*About this task*. Every record below should be repeated word for word, with the pictures left out.

(Excerpts from a dataset)
------------------------------
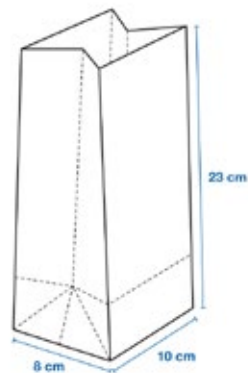

TAMAÑO S

Resistencia (cargue) en peso: hasta 1 Kg.
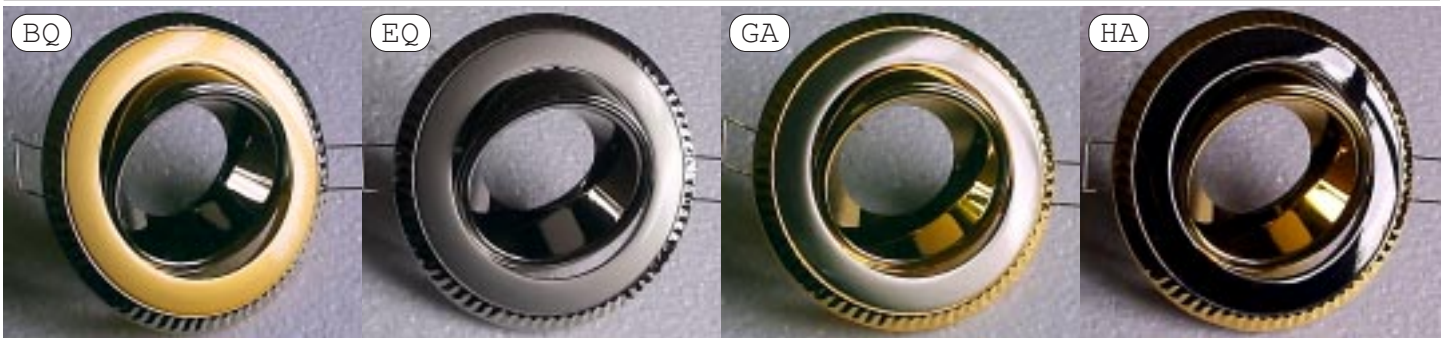

16162

16F162

8

Светильники потолочные литые под галогенную лампу MR-16

16163

16F163

16172

105 поворотные
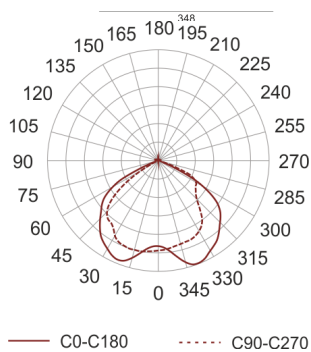

DLN 126 BIAŁY

Oprawa typu downlight, montowana w stropie podwieszanym. Przeznaczona do oświetlenia ogólnego. Oprawa wykonana z blachy stalowej. Odbłyśnik wykonany z wysokopolerowanego aluminium. Do oprawy należy użyć pierścienia dekoracyjnego bez przesłony, z przesłoną, z szybą matowioną lub z rastrem krzyżowym. Pierścienie malowane na kolor biały, szary lub czarny. Klasa efektywności energetycznej:

W oprawie można stosować źródła światła w klasie EEI: od E do A++.

- IP: 44
- Barwa światła:
- Strumień świetlny oprawy: lm

| Nazwa | Kod | Kolor | Zasilanie | Moc | Typ źródła światła | Trzonek |
|------------------|---------|-------|-----------|-------|--------------------|---------|
| DLN 126 BIAŁY | 1401311 | BIAŁY | 230V | 1x26W | TC-DEL | G24q-3 |
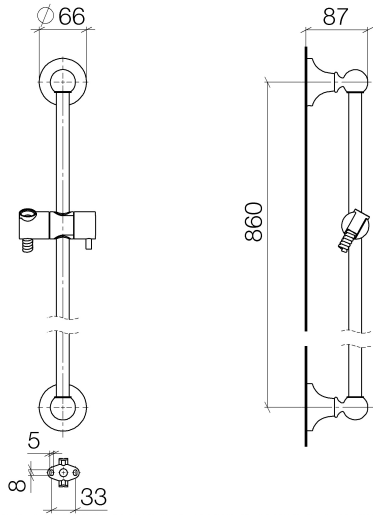

ST 050 200 1360

Zertifikate

WRAS_2009048. IAPMO_4976 (2).
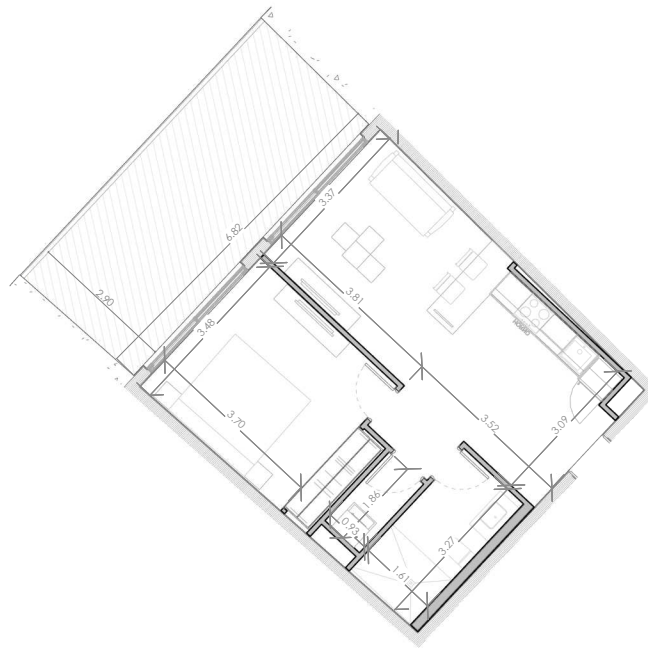

Unidad: F-215
Nivel: II
Habitaciones: 1
Area Apartamento M²: 53.78
Area De Terraza M²: 21.91
Area Comun M²: 9.6
Roof Terrace M²:
Total M²: 85.3
03/07/23

ESC: 1 : 150
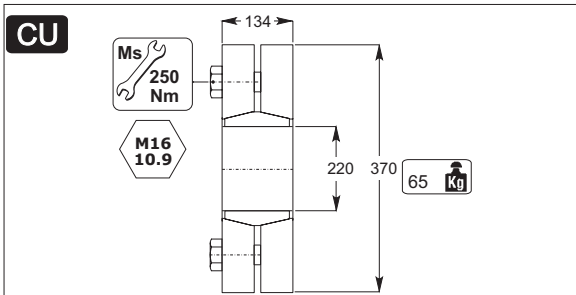

**Output
Shafts**

ECE

3 Input Shaft

ECE 3 4

4 Input Shaft

ECE 1 2 3 4 5 B

Input Version

ECR

ECR 2 3 4 5 6 B A

ECR 0 1 2 3 4 B

IEC

63B5 71B5 80B5 90B5 100B5 112B5 128B5 143B5 160B5 180B5 200B5 225B5 250B5 280B5

90B5 100B5 112B5 132B5 160B5 180B5 200B5 225B5

EXB

4
3

519.25 6503 490

588 6504 476

SD

SD

Accessories

mm
C

Output Shafts

mm
C

Output Shafts

mm
C
------------------------------
*Your solution*.
TAMAÑO S

Resistencia (cargue) en peso: hasta 1 Kg.

16162

16F162

8

Светильники потолочные литые под галогенную лампу MR-16

16163

16F163

16172

105 поворотные

DLN 126 BIAŁY

Oprawa typu downlight, montowana w stropie podwieszanym. Przeznaczona do oświetlenia ogólnego. Oprawa wykonana z blachy stalowej. Odbłyśnik wykonany z wysokopolerowanego aluminium. Do oprawy należy użyć pierścienia dekoracyjnego bez przesłony, z przesłoną, z szybą matowioną lub z rastrem krzyżowym. Pierścienie malowane na kolor biały, szary lub czarny. Klasa efektywności energetycznej:

W oprawie można stosować źródła światła w klasie EEI: od E do A++.

- IP: 44
- Barwa światła:
- Strumień świetlny oprawy: lm

| Nazwa | Kod | Kolor | Zasilanie | Moc | Typ źródła światła | Trzonek |
|------------------|---------|-------|-----------|-------|--------------------|---------|
| DLN 126 BIAŁY | 1401311 | BIAŁY | 230V | 1x26W | TC-DEL | G24q-3 |

ST 050 200 1360

Zertifikate

WRAS_2009048. IAPMO_4976 (2).

Unidad: F-215
Nivel: II
Habitaciones: 1
Area Apartamento M²: 53.78
Area De Terraza M²: 21.91
Area Comun M²: 9.6
Roof Terrace M²:
Total M²: 85.3
03/07/23

ESC: 1 : 150

**Output
Shafts**

ECE

3 Input Shaft

ECE 3 4

4 Input Shaft

ECE 1 2 3 4 5 B

Input Version

ECR

ECR 2 3 4 5 6 B A

ECR 0 1 2 3 4 B

IEC

63B5 71B5 80B5 90B5 100B5 112B5 128B5 143B5 160B5 180B5 200B5 225B5 250B5 280B5

90B5 100B5 112B5 132B5 160B5 180B5 200B5 225B5

EXB

4
3

519.25 6503 490

588 6504 476

SD

SD

Accessories

mm
C

Output Shafts

mm
C

Output Shafts

mm
C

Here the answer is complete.